Does Vespa support a flexible ranking score?

Ranking is maybe the primary Vespa feature - we like to think of it as scalable, online computation. A rank profile is where the application’s logic is implemented, supporting simple types like double and complex types like tensor. Supply ranking data in queries in query features (e.g. different weights per customer), or look up in a Searcher. Typically, a document (e.g. product) “feature vector”/”weights” will be compared to a user-specific vector (tensor).

Where would customer specific weightings be stored?

Vespa doesn’t have specific support for storing customer data as such. You can store this data as a separate document type in Vespa and look it up before passing the query, or store this customer meta-data as part of the other meta-data for the customer (i.e. login information) and pass it along the query when you send it to the backend. Find an example on how to look up data in album-recommendation-docproc.

How to create a tensor on the fly in the ranking expression?

Create a tensor in the ranking function from arrays or weighted sets using tensorFrom... functions - see document features.

How to set a dynamic (query time) ranking drop threshold?

Pass a ranking feature like query(threshold) and use an if statement in the ranking expression - see retrieval and ranking. Example:

rank-profile drop-low-score {
function my_score() {
expression: ..... #custom first phase score
}
rank-score-drop-limit:0.0
first-phase {
if(my_score() < query(threshold), -1, my_score())
}
}


Does Vespa support early termination of matching and ranking?
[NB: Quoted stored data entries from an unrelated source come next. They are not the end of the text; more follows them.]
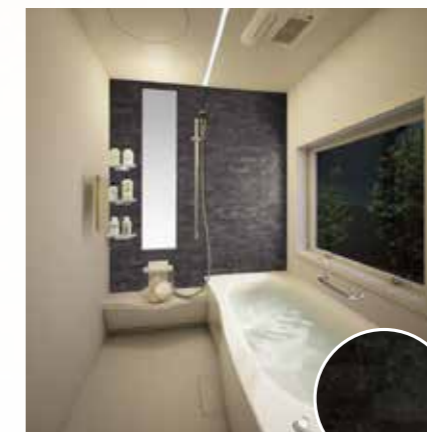

No.8 アンティークブラック
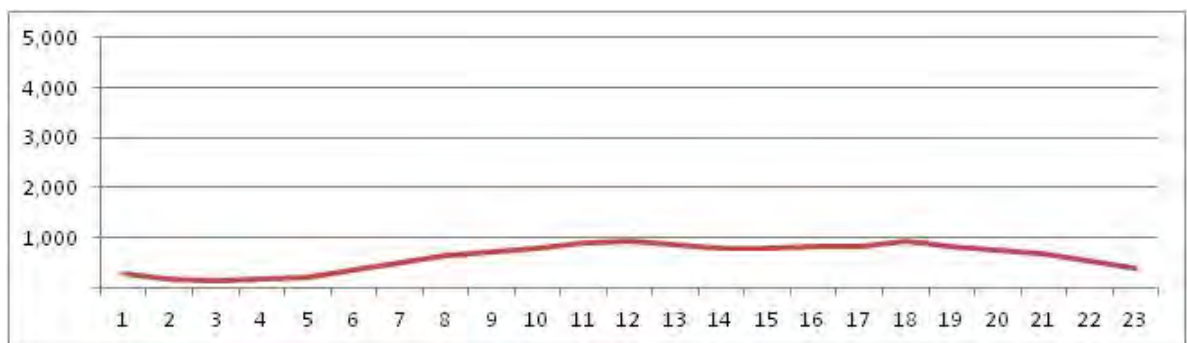

[Location]

[Weekday]

[Weekend]

No.	Point	Towards
271	Estrada do Dendê, em frente ao n° 1.056	Tubiacanga

[Location]

[Weekday]

[Weekend]

No.	Point	Towards
272	Estrada do Monteiro, proximo ao n° 420	Barra da Tijuca
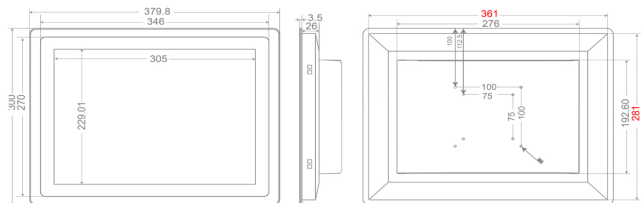

Dimensionali: Panel PC Serie Mithos - Monitor Serie Visio

Lcd Size
10.1"

Lcd Size
10.4"

Lcd Size
12"

Lcd Size
15"

Lcd Size
15.6"

Lcd Size
17"

Lcd Size
18,5"

Lcd Size
19"

Lcd Size
21,5"

Lcd Size
23,8"
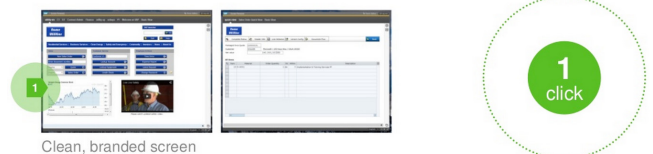

Clean, branded screen

Without Personas

Yes, this can be accomplished by configuring match-phase in the rank profile, or by adding a range query item using hitLimit to the query tree, see capped numeric range search.
Both methods require an attribute field with fast-search. The capped range query is faster but beware that if there are other restrictive filters in the query one might end up with 0 hits. The additional filters are applied as a post filtering step over the hits from the capped range query. match-phase on the other hand is safe to use with filters or other query terms, and also supports diversification which the capped range query term does not support.

Documents

What limits apply to json document size?

There is no hard limit. Vespa requires a document to be able to load into memory in serialized form. Vespa is not optimized for huge documents.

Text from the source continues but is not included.